The drugmaker doesn't have all the answers, but it has a lot more experience than most. Here's an excerpt from a session during our InformationWeek 500 conference.

InformationWeek: Have you done any formal cost analysis?

Meadows: In the case of the discovery model, the cost model is amazing. That's paying off. The nature of that is the key model to use cloud: temporary bursts of compute capacity.

I used to think that extreme affordability benefit was only in that temporary scenario. What we've been doing is evaluating three- to five-year models--whether it's spinning out Windows servers or other compute capacity--not just for temporary use but versus internal cost. At the compute level there's a benefit there as well. What we've not gotten good yet in that modeling is costing the data flow back and forth and how to model that appropriately. But my own view of our analysis says that the cost benefit is not there just for temporary purpose but for ongoing utilization as well.

InformationWeek: You mentioned that you were blessed with an "ideal workload" for this. What is an ideal work set for the cloud?

Heim: That's lots of data, high compute, runs for a long time. Internally, things that would run 800 to 900 CPUs for hours and hours, ... long-running, 850-megabyte data sets running into all that computing, modeling, and then visualization on the back end of that.

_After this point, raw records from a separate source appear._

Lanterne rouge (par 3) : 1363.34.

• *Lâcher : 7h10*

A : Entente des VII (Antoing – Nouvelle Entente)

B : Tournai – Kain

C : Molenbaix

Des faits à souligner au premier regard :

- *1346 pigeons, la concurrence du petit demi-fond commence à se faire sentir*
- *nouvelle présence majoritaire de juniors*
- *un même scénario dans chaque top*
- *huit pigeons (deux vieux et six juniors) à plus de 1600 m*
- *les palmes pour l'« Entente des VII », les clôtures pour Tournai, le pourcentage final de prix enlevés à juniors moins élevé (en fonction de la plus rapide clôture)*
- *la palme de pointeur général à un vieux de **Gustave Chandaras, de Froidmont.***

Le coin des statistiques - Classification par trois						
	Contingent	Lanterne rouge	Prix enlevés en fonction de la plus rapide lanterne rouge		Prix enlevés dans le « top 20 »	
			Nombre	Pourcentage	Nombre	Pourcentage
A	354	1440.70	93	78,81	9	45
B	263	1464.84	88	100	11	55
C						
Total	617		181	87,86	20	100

Often we want to take data that we have, marry it up with data that's publicly available--could be big genomic data sets--look at all of that collectively, and then extract value from that. So they're very bursty. They really peak. It's a lot of data, and then you're done. And sometimes there's testing hypotheses that are wrong, so you do a lot of work, you learn, but that's not something you want to propagate and move forward or do more with. But on the scientific side, it's a lot of modeling, it's a lot of simulation, and it's very large data sets that you have to do that with. One of the problems is moving that data back and forth, and it's not something we have a simple solution for yet.

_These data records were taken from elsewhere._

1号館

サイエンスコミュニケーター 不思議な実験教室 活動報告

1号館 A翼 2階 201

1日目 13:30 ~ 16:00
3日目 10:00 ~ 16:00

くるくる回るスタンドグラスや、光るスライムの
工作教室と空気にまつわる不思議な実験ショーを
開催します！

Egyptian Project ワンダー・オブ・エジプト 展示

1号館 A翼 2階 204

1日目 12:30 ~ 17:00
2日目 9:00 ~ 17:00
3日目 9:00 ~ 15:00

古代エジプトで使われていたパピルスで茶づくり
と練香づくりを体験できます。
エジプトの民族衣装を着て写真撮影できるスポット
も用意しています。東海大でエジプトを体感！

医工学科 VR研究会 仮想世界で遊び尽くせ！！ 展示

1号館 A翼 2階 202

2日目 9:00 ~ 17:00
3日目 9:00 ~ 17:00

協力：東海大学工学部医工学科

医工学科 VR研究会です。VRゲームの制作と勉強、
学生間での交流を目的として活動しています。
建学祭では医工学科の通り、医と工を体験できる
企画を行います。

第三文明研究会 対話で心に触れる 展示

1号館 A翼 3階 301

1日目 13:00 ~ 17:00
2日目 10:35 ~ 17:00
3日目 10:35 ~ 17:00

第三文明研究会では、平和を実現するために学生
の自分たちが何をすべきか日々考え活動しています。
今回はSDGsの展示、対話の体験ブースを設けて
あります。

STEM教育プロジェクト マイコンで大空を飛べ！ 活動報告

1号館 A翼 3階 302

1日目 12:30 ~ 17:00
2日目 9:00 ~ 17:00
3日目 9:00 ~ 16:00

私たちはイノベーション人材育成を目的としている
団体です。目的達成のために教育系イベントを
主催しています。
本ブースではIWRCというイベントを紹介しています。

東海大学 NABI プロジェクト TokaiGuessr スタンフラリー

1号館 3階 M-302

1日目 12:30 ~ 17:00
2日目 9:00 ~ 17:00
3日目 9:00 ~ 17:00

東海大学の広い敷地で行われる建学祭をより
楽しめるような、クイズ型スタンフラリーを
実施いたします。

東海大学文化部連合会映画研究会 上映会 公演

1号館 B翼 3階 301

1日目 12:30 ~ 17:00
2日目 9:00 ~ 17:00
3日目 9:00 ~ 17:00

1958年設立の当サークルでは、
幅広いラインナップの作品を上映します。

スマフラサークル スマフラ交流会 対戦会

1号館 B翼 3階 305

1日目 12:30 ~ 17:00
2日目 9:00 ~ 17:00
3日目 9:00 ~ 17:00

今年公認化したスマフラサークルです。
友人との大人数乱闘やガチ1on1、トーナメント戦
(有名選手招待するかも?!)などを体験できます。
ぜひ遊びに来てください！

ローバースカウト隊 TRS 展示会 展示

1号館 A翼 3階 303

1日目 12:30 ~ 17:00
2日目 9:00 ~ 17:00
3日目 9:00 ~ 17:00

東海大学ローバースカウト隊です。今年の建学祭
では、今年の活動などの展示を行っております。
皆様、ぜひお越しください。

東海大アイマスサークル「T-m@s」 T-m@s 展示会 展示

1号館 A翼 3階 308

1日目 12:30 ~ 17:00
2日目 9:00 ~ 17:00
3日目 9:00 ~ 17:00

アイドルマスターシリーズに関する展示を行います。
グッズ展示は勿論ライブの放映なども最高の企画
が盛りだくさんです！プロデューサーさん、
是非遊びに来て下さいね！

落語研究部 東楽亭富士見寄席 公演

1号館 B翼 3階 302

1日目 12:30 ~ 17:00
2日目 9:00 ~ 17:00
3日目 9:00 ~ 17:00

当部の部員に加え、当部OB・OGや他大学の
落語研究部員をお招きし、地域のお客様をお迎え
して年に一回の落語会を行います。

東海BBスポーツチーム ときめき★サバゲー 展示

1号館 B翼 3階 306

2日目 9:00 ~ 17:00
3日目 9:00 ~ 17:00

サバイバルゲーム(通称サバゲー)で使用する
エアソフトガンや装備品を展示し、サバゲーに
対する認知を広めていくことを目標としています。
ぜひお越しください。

InformationWeek: What about lock-in? What are you doing to ensure that you don't get yourself into a situation that you can't get out of?

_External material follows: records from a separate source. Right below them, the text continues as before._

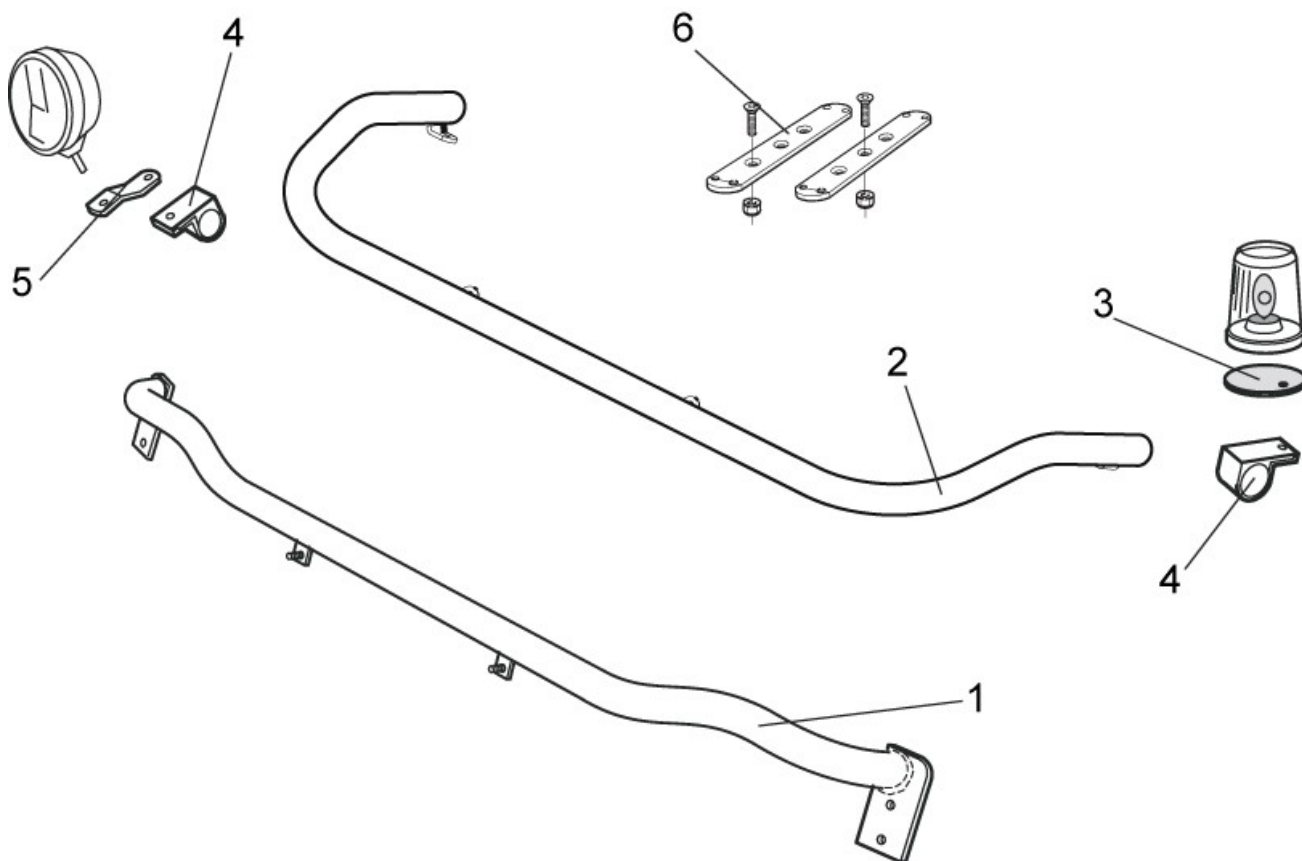

Frontskydd komplett med tillbehör: Ramfästen, skruvsats och spärrskaft i skinnpåse

Typ Highway

<i>Airflow</i>	A63-2	34 500,-
<i>Slät profil</i>	A63-2S	34 500,-
<i>Monteringssats</i>	80654	

Typ Offroad

<i>Airflow</i>	B63-2	29 400,-
<i>Slät profil</i>	B63-2S	29 400,-
<i>Monteringssats</i>	80609	

X-Light komplett med tillbehör: Monteringssats, fördragna elkablar och 4 st klämfästen för extraljus

Lyktor ingår ej!

<i>Airflow</i>	K63-3	7 000,-
<i>Slät profil</i>	K63-3S	7 000,-

Monteringsplatta för Hella Luminator	15907	160,-
---	-------	--------------

Främre Top-Bar, med monteringsatts

1	För Space Cab (-2016)	<i>Slät profil</i>	G61-1	4 500,-
	För Space Cab (2017-)	<i>Airflow</i>	G63-6	4 500,-
		<i>Slät profil</i>	G63-6S	4 500,-
2	För Super Space Cab	<i>Airflow</i>	G62-5	4 800,-
		<i>Slät profil</i>	G62-5S	4 800,-
3	Monteringsplatta för varningsfyr			
		Ø 150 mm	15915	180,-
		Ø 165 mm	15917	190,-
		Ø 240 mm	15916	220,-
4	Klämfäste (för slät profil)		15902	220,-
	Airflow klämfäste		15903	260,-
5	Förlängare		15912	70,-
	Airflow förlängare		15923	90,-
6	Universalfäste för takljusskylt		20409	400,-

Sideliner

Total längd/ sida 0 – 2500 mm

<i>Airflow</i>	S-1A	3 100,-
<i>Slät profil</i>	S-1S	3 100,-

Total längd/ sida 2501 – 5000 mm

<i>Airflow</i>	S-2A	3 700,-
<i>Slät profil</i>	S-2S	3 700,-

AIRFLOW

Dessa produkter levereras som standard i vår AIRFLOW-profil. Den profilen är aerodynamiskt utformat för högsta prestanda. Vid förfrågan kan produkterna även levereras i den traditionella "släta" profilen.

Heim: [After Meadows addresses technical and strategic aspects of avoiding lock-in.] I think the attractiveness in the model is the time to value.We're always concerned about lock in and exit strategies, but we need to stand on the other side of that and talk about the time to value, and what's the value that's generated by getting in there early and leveraging the model. We don't like lock in, but it's no different than I'm not going to move off of my SAP implementation tomorrow either because I don't like some change that they make. That can be overplayed. I think you can be very conservative in approach, and play a lot of defense. And we're lucky, we're blessed with a good use case on the discovery side, but time to value and leveraging the model, and running fast, and playing offense are equally important.

InformationWeek: Do you have anything you can share where a cloud service enabled Eli Lilly to get something done more quickly?

Heim: I would come back to almost any of these scientific examples that we're generating. We've had cases where it's taken six to eight weeks to get a service up that was really needed when it was requested, and simply by having these capabilities and use cases in place now we've been able to go much more rapidly. Rather than six or eight weeks, we're talking days. Guys can spin these things up in minutes, and the cost is trivial in many cases, for the work that they're doing.

For us, it's pipeline, pipeline, pipeline. Anything we can do to further our knowledge, get products into the pipeline, and develop those more quickly, is crucial to us. It's hard to underestimate the value of letting scientists work at their own pace.